Фергана, июнь 2003 г.
1) “…Медленно уступая мягкому ветру” (итал.). — Д. Кардуччи.
2) gre gre — звукоподражание кваканью лягушек из стихотворения Д. Пасколи “Мой вечер”.
3) “В зрелости — все”.
Источник: «NLO» 2003, №62
МЕТАФИЗИКА ПРЕДМЕСТЬЯ
Андрей Аствацатуров
Новое литературное обозрение,№62, 2003 г.
Стихотворение Шамшада Абдуллаева “Приближение окраин” — своего рода художественный манифест, в котором блоки поэтических образов репрезентируют определенные этапы творческого процесса. Текст гипертрофированно рефлексивен и, рассказывая о том, как рождаются тексты, открывает и тайну собственного рождения. Мы видим последовательное становление творческого сознания. Освобождаясь от ловушек структурирующего мир всеобщего разума, взятых напрокат у “большой” культуры истин и стереотипов (“это может быть великим, но не твоим”), оно одновременно счастливо избегает искушения форсировать творческий процесс и впасть в романтическое неистовство (“внезапные признаки вчерашнего магнетизма”). Художник познает безразличие вещей, их внечеловеческий статус (“в безразличии все, а не в зрелости”) и, соприкоснувшись с концентрированной пустотой, заложенной в основе сущего, пробуждает к жизни новые слова и предметы:
На следующей стадии чета каких-то больших предметов
низко цветет…
Попытка приблизиться к пониманию данного стихотворения мне кажется заведомо обреченной на неудачу в том случае, если его рассматривать вне контекста критических эссе Шамшада Абдуллаева, где ферганский автор излагает свои эстетические воззрения [1]. Именно эти представления отчасти объясняют особенности его поэтики, которая может показаться отечественному читателю непривычной. Ее отличает прежде всего антиромантическая (антисубъективистская) направленность. Романтическое стремление преодолеть чувственную, внешнюю оболочку мира, выйти на трансцендентный уровень бытия, представив предмет отражением платоновской идеи, Шамшад Абдуллаев расценивает как попытку подменить непосредственный опыт абстрактной схемой [2]. Реальность в подобного рода лирике предстает сведенной к метафизической сущности, пустой концепции, у кого-то заимствованной, то есть к стереотипу. Мир, отраженный в эмоции поэта, подвергается насильственному расчленению со стороны репрессивного разума: в нем размечается статичная структура, в которой есть главное и второстепенное.

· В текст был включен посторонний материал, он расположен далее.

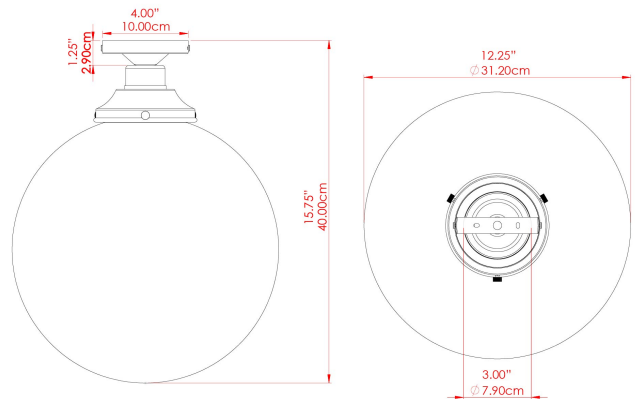

# MLCF30ANTBRS Antique Brass

MATERIAL	Brass   Glass
HEIGHT	37cm
WIDTH   DIAMETER	30cm
LENGTH   PROJECTION	n/a
WEIGHT	1.5 kg
LAMPHOLDER	E27
MAX WATTAGE	60W
VOLTAGE	220/240v
IP RATING	IP20
CLASS PROTECTION	Class I
SHADE	GL044C
FLEX   BAR   CHAIN LENGTH	n/a
CABLE TYPE	-

# MLCF30ANTSLV Antique Silver

MATERIAL	Brass   Glass
HEIGHT	37cm
WIDTH   DIAMETER	30cm
LENGTH   PROJECTION	n/a
WEIGHT	1.5 kg
LAMPHOLDER	E27
MAX WATTAGE	60W
VOLTAGE	220/240v
IP RATING	IP20
CLASS PROTECTION	Class I
SHADE	GL044C
FLEX   BAR   CHAIN LENGTH	n/a
CABLE TYPE	-

# YEREVAN 30CM Ceiling Light

MLCF30POLBRS Polished Brass

MATERIAL	Brass   Glass
HEIGHT	37cm
WIDTH   DIAMETER	30cm
LENGTH   PROJECTION	n/a
WEIGHT	1.5 kg
LAMPHOLDER	E27
MAX WATTAGE	60W
VOLTAGE	220/240v
IP RATING	IP20
CLASS PROTECTION	Class I
SHADE	GL044C
FLEX   BAR   CHAIN LENGTH	n/a
CABLE TYPE	-

# MLCF30POLCHR Polished Chrome

MATERIAL	Brass   Glass
HEIGHT	37cm
WIDTH   DIAMETER	30cm
LENGTH   PROJECTION	n/a
WEIGHT	1.5 kg
LAMPHOLDER	E27
MAX WATTAGE	60W
VOLTAGE	220/240v
IP RATING	IP20
CLASS PROTECTION	Class I
SHADE	GL044C
FLEX   BAR   CHAIN LENGTH	n/a
CABLE TYPE	-

Здесь торжествует принцип власти человека над миром. Этот принцип выдает слабость поэта, его страх принять вещи такими, какие они есть, в их безразличии к человеку. Абсурдная реальность невыносима, и тот, кто слаб, старается постичь ее разумом, найти в ней смысл или же отклик своей эмоции: “Автор боится одного: приблизиться к несомненности текущих состояний, ибо самое невыносимое — задержать очевидность пустого потока, заставляющего нас подниматься с постели, завтракать, говорить, смотреть, возвращаться домой, ложиться спать” [3]. В самих текстах этот невротический страх перед реальностью проявляется в поисках автором формы, в попытке втиснуть недискретный стихийный опыт в систему традиционных приемов. Такому автору нужны сюжет, интрига, рифма — словом, то, что придаст миру однозначность, определенность.

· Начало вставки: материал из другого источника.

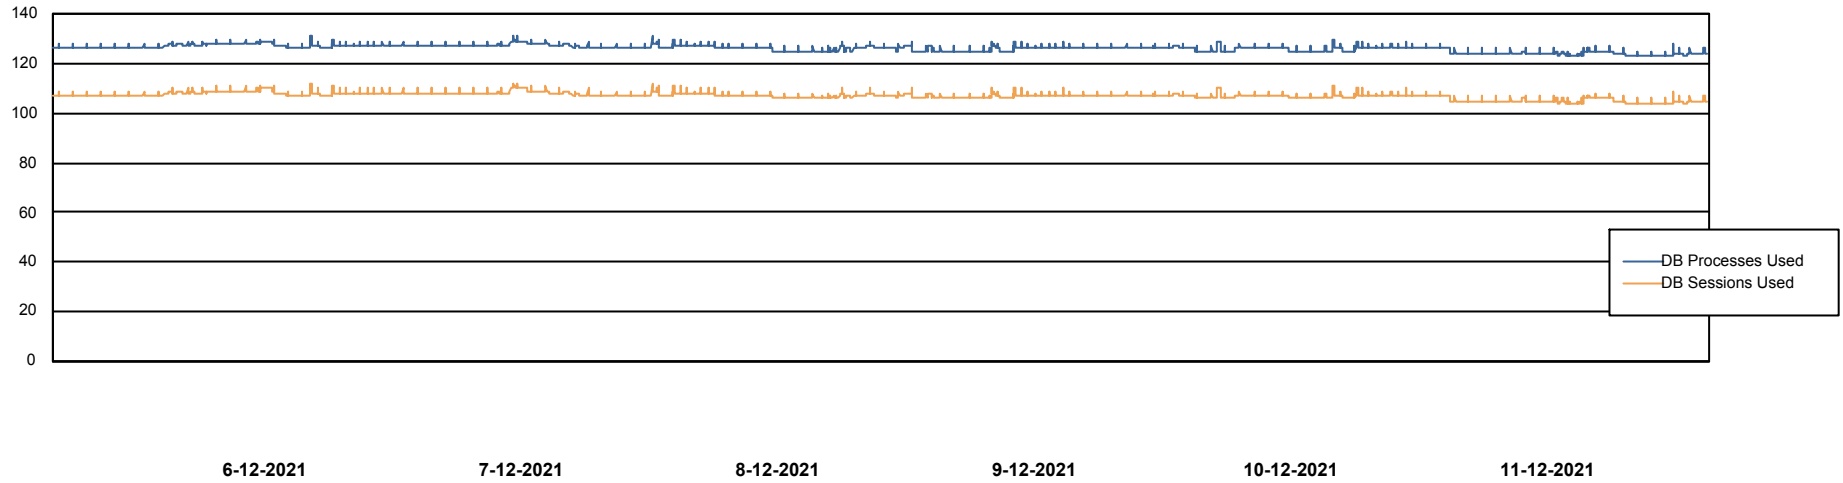

Database Performance KBR_PRD_DB-SRV1_DB

DB Processes Max 1,000

В своих эссе Шамшад Абдуллаев иногда открыто, иногда завуалированно ведет напряженный диалог с романтизмом. Он ориентируется на иную традицию, которую представляют литераторы, опирающиеся на идею имперсональности искусства и объектности (объективности) эстетической эмоции. Эта традиция связана с именами Г. Флобера, А. Камю, А. Роб-Грийе, Ф. Понжа — во французской литературе, Э. Паунда, Т.С. Элиота — в англоязычных литературах и итальянских поэтов, представителей школ герметизма (С. Квазимодо, Э. Монтале) и неореализма (П.П. Пазолини). Судя по всему, существенное влияние на творчество Шамшада Абдуллаева и поэтов “ферганской школы” оказал итальянский кинематограф, в частности фильмы М. Антониони и П.П. Пазолини [4].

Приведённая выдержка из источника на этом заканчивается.